In the United States Court of Federal Claims No. 24-1303 (Filed: December 19, 2024)

* * * * * * * * * * * * * * * * * * * * ARLENE FAYE HATTEN, * * Plaintiff, * * v. * * THE UNITED STATES, * * Defendant. * * * * * * * * * * * * * * * * * * * * *

Arlene Faye Hatten, pro se, of Mt. Gilead, OH.

Matthew Jude Carhart, Trial Attorney, Commercial Litigation Branch, Civil Division, Department of Justice, of Washington, D.C., for Defendant.

MEMORANDUM OPINION AND ORDER

SOMERS, Judge.

Pro se Plaintiff Arlene Hatten alleges that actions taken by state officials and private entities constitute violations of various federal statutes and constitutional provisions. Throughout her complaint, Plaintiff references statutes and constitutional provisions that are not compensable under the Tucker Act and, therefore, are beyond this Court’s jurisdiction. Rather than state a claim against the United States, Plaintiff’s complaint invites the Court to consider the validity of her debt to private entities and the legality of the actions taken by state officials. For the reasons discussed below, the Court declines this invitation and grants the government’s motion to dismiss this case under Rule 12(b)(1) of the Rules of the U.S. Court of Federal Claims (“RCFC”).

BACKGROUND

Plaintiff filed this action against the United States on August 23, 2024. ECF No. 1. Plaintiff directs her claims—ranging from vague allegations of treason to violations of the Lieber Code—against state officials and private individuals. 1 Id. at 9–12, 14–15. Specifically, Plaintiff lists the Morrow County Court of Common Pleas, two of its judges, a clerk of the court, the Morrow County Sheriff’s Office and several of its officers, a financial service company, its chief executive officer, a private individual, and a law firm as defendants in her complaint. 2 Id. at 8.

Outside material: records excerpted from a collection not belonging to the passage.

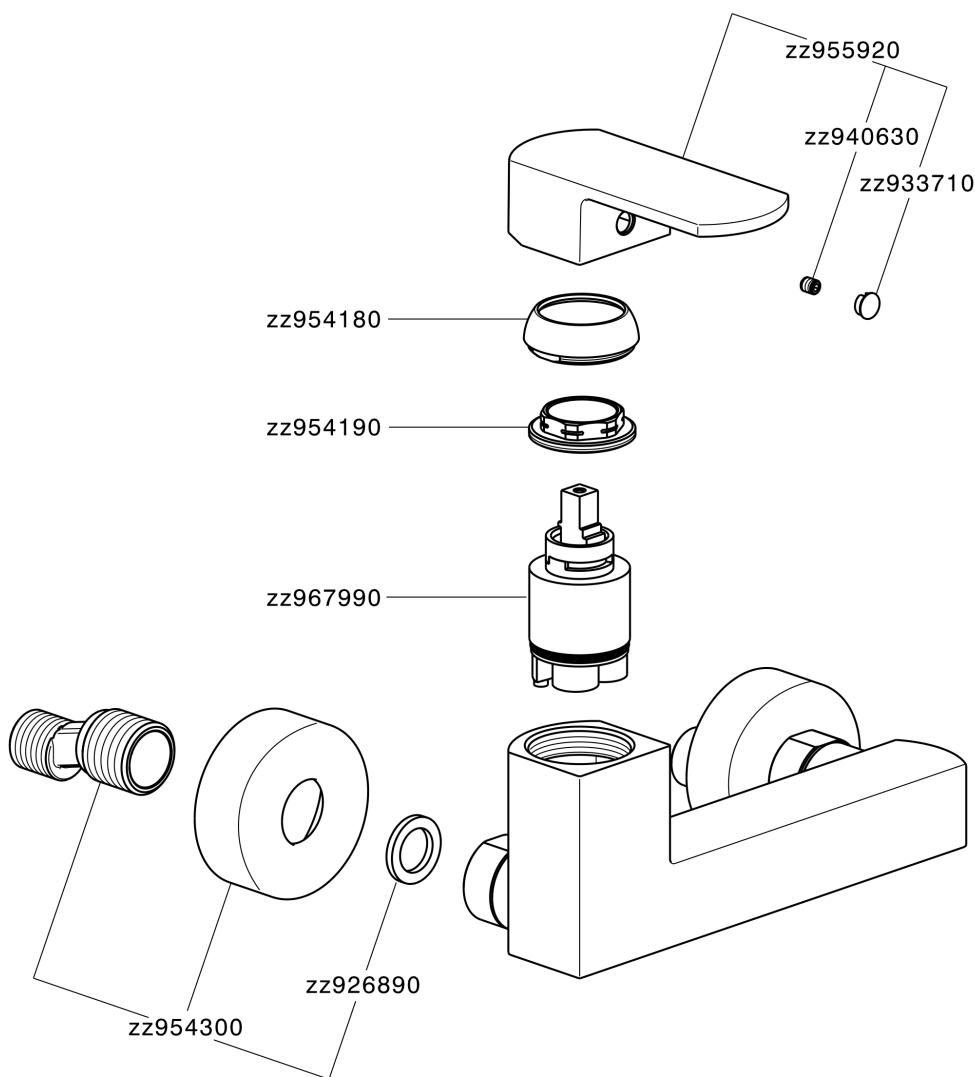

Single lever shower mixer DADO_DD000440

MODEL **DD000440**

Single lever shower mixer, without shower set, 1/2" M flexible connection

AVAILABLE FINISHINGS

-  **21** 21 Chrome
-  **2B** 2B Polished Nickel
-  **2F** 2F Brushed Nickel
-  **40** 40 Matt Black
-  **4Q** 4Q Matt White

CHARACTERISTICS

Cartridge Spare Parts **ZZ96799000**

35 mm Cartridge

Single lever shower mixer DADO_DD000440

DD000440

<https://en.huberitalia.com/single-lever-shower-mixer-dado-dd000440>

2026-06-10

Plaintiff’s claims, as best the Court can discern, stem from the seizure of her property by state officials to satisfy a private debt. Id. at 2 (claiming that “[Plaintiff’s] home [was] wrongfully taken without due process” by law enforcement officers). First, Plaintiff claims that private entities violated debt collection statutes through the foreclosure of her property. See id. at 10. Second, Plaintiff alleges that the county court and its officers, inter alia, “conspired against [her] rights,” acted outside of their delegated authority, and committed various criminal acts by granting an order of eviction against her. See id. at 9–10. Third, Plaintiff asserts that the Morrow County Sheriff’s Department and its officers committed piracy, treason, and extortion by enforcing the county court’s eviction order. Id. at 12. Plaintiff further contends that these combined actions resulted in the violation of her constitutional rights. See id. at 15.

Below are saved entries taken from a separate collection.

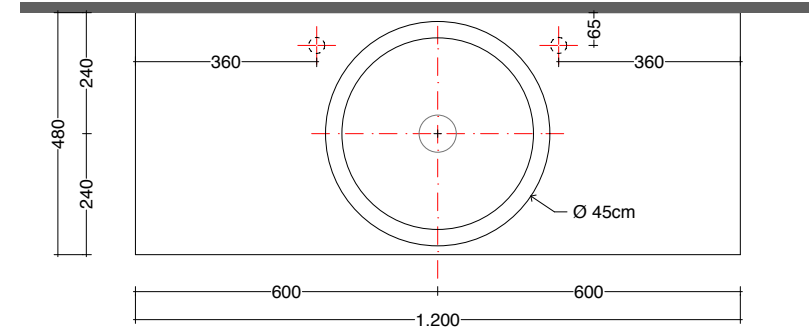

U.CPS.006.035.KR
K.C41.120.048.C_
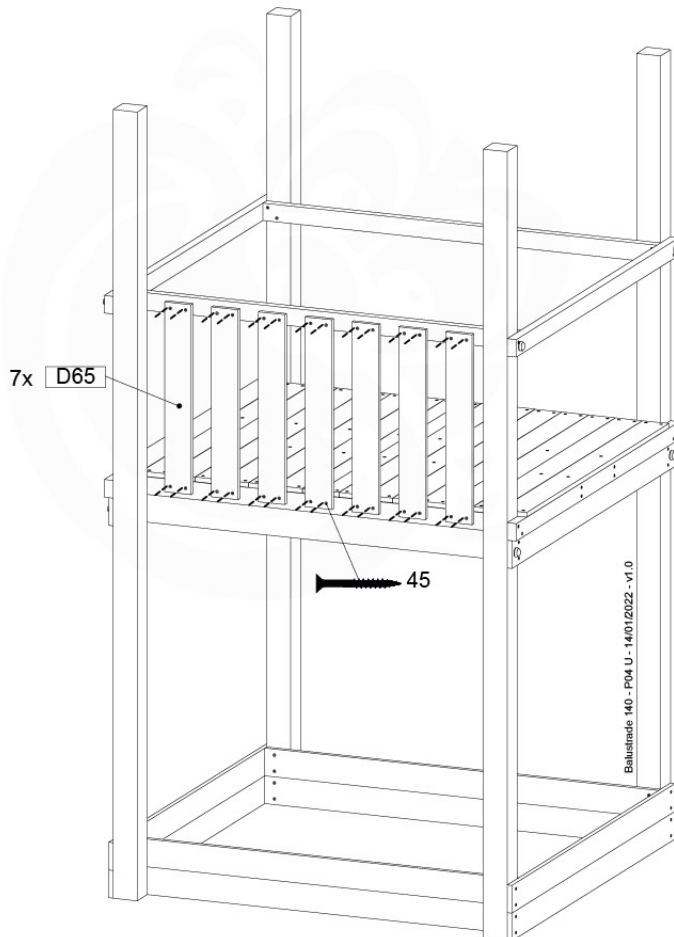

09 Balustrade (1x)

BL05

	PartNo	PartName	QTY.
Hardware pack	002_220	Gap Point Screw T25 - 5x45	28
Timber	D65	Board 650 mm	7

Balustrade 140 - FP02 U - 14/01/2022 - v1.0

09-1
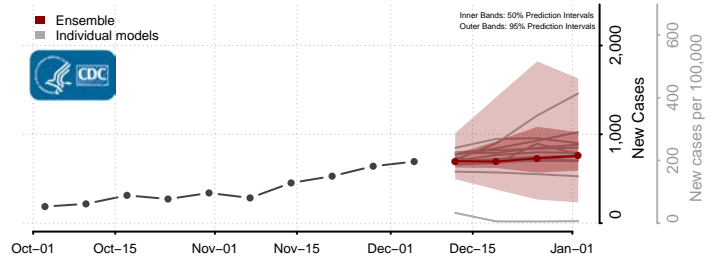

Botetourt County, Virginia

Bristol County, Virginia

Carroll County, Virginia

Charles City County, Virginia

Charlotte County, Virginia

Charlottesville County, Virginia

Chesapeake County, Virginia

Chesterfield County, Virginia
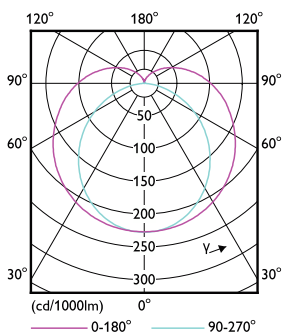

Application Conditions

Wireless Technology	Not applicable
---------------------	----------------

Product Data

Order product name	MAS LEDtube Spectrum 1200mm 1500lm
--------------------	------------------------------------

Dimensional drawing

Product	D1	D2	A1	A2	A3
MAS LEDtube Spectrum 1200mm 1500lm	25.8 mm	28 mm	1,199.4 mm	1,206.5 mm	1,213.6 mm

Photometric data

Light Distribution Diagram - MAS LEDtube Spectrum 1200mm 1500lm
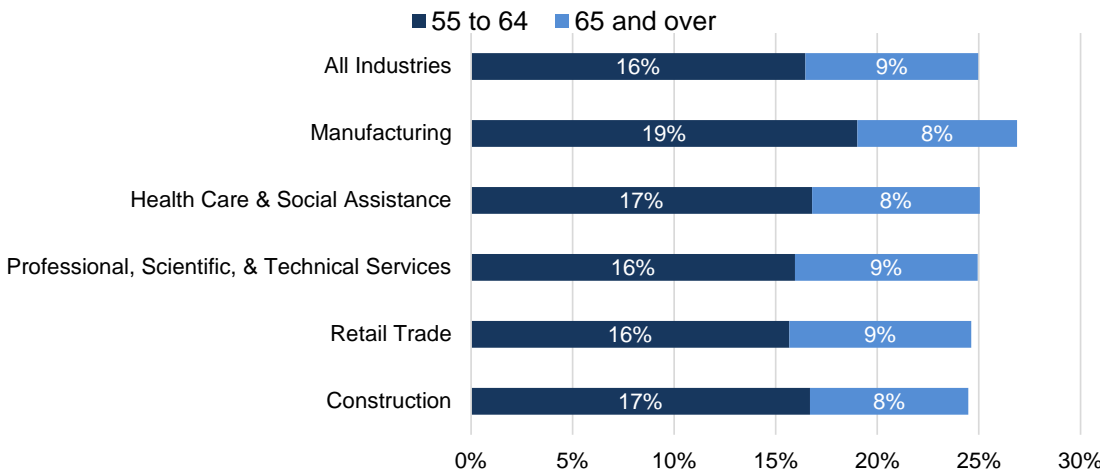

# LANE COUNTY ECONOMIC INDICATORS

July 2024

**Graph of the Month:** [OED's newest report](#) examines demographic changes in the labor force, including slowing migration and an aging population. In most industries, Lane has a slightly older workforce than the state. Statewide about 24% of workers are older than 55, with 8% older than 65.

Lane County Workforce by age, Q3 2023

Source: U.S. Census Bureau, Quarterly Workforce Indicators

Because of the alleged actions of these defendants, Plaintiff asks the Court for relief in the sum of over $74 million for the seizure of $35,500 of Plaintiff’s property. See id. at 18. Plaintiff purports to have mailed “an opportunity to cure, default [sic] and affidavit of obligation of lien” to these defendants and claims that these documents should be given legal effect. See id. at 11 (stating that “there is now a consensual agreement of the crimes committed” because defendants did not respond to Plaintiff’s documents). Notably, Plaintiff does not assert that the United States violated any laws. See id. Indeed, Plaintiff fails to name the United States as a defendant throughout her complaint. See, e.g., id. at 8, 18–20.

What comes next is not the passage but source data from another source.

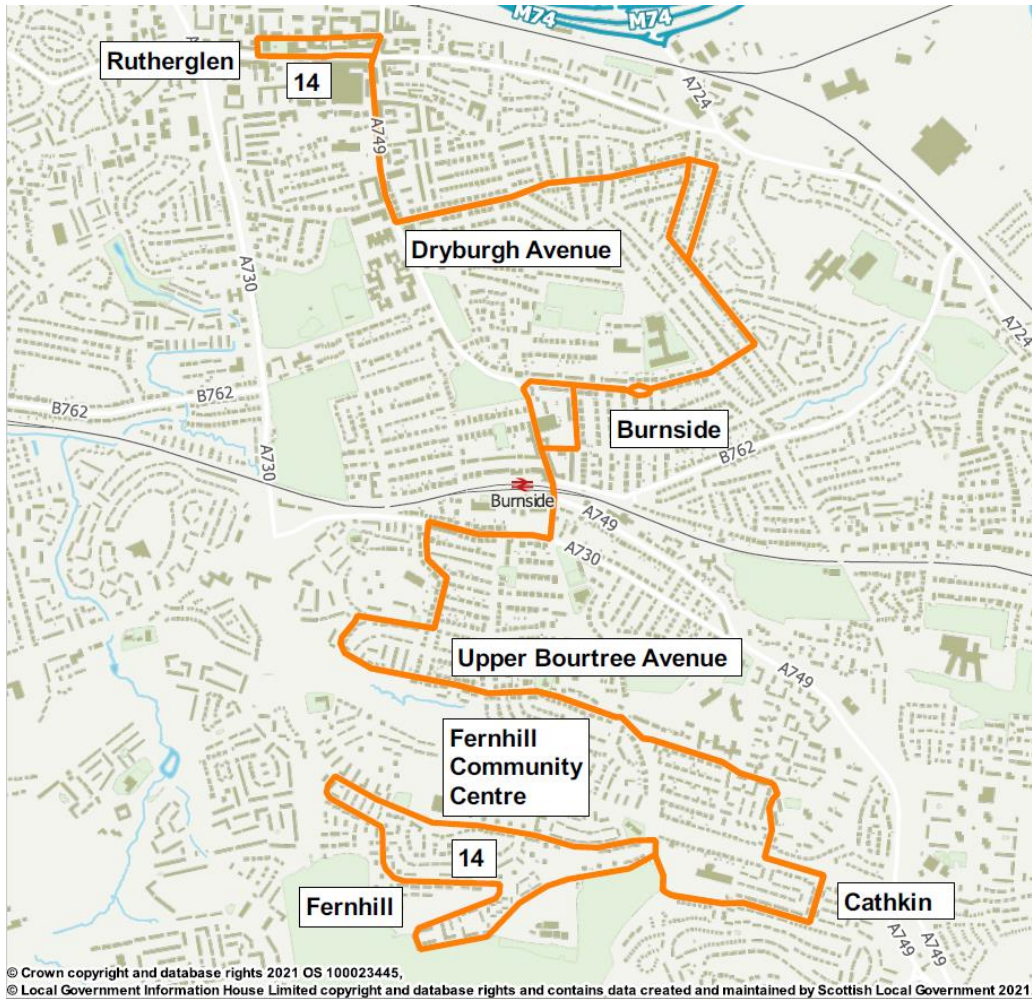

Bus Timetable
From 16 July 2018

14

Rutherglen Fernhill

For more information visit spt.co.uk

Alternatively, for all public transport enquiries, call:

If you have any comments or suggestions about the service(s) provided please contact:

Route Service 14: from **Fernhill, Castlefern Road**, via Craignure Road, Fernbrae Avenue, Burnside Road, Skye Road, Cullins Road, Cathkin Bypass, Cruachan Road, Lochbrae Drive, Burnside Road, Upper Bourtree Drive, Hillhead Avenue, Rowantree Avenue, Hillend Road, Blairbeth Road, Burnside Road, Stonelaw Road, Southhill Avenue, Springfield Park Road, Greystone Avenue, Berwick Drive, Eskdale Drive, Woodside Avenue, Dryburgh Avenue, Stonelaw Road, Farmeloan Road, King Street, Queen Street, to **Rutherglen, Main Street**.

Return from Rutherglen, Main Street, via Stonelaw Road, Dryburgh Avenue, Woodside Avenue, Richmond Drive, Berwick Drive, Greystone Avenue, Stonelaw Road, Burnside Road, Blairbeth Road, Hillend Road, Rowantree Avenue, Hillhead Avenue, Upper Bourtree Drive, Burnside Road, Lochbrae Drive, Cruachan Road, Cathkin by-pass, Cullins Road, Skye Road, Burnside Road, Fernhill Road to **Fernhill, Castlefern Road**.

In response to Plaintiff’s complaint, the government filed a motion to dismiss for lack of subject matter jurisdiction. ECF No. 12. The government notes that “Plaintiff’s complaint bears the hallmarks of a sovereign citizen complaint” in style and substance and that “[c]ourts across the country have uniformly rejected claims by sovereign citizens as frivolous.” Id. at 1, 2. The government asserts that “[b]ecause claims based upon sovereign citizen theories are frivolous, they should be ‘rejected summarily, however they are presented.’” Id. at 6 (quoting United States v. Benabe, 654 F.3d 753, 761–67 (7th Cir. 2011)). The government further states that Plaintiff’s “complaint is littered with references to dozens of statutes, Constitutional provisions, and other putative sources of law[,] [b]ut it is impossible to discern a cognizable legal theory that is plausibly alleged, much less one that would support an exercise of this Court’s jurisdiction.” Id. Despite Plaintiff’s references to the Tucker Act, the government contends “it is entirely unclear what alleged facts relate to these sources of law.” Id. Moreover, according to the

1 Plaintiff lists the laws and constitutional provisions the defendants allegedly violated in her complaint. See ECF No. 1 at 14–15. All told, Plaintiff lists thirty-eight statutory violations and fourteen constitutional violations. Id. 2 Plaintiff asserts claims against the Morrow County Court of Common Pleas; Judge Tom C. Elkin; Judge Robert C. Hickson Jr.; County Clerk Mary Meadows; Selene Finance LP; CEO Josepha Pensabene; Sheila Daniels; Saia, Marroco & Jensen; the Morrow County Sheriff’s Office; Sheriff John L. Hinton; Officer Crabtree; Officer Atwel; Officer Plough; and Deputy Sheriff Brian Newsome. ECF No. 1 at 8.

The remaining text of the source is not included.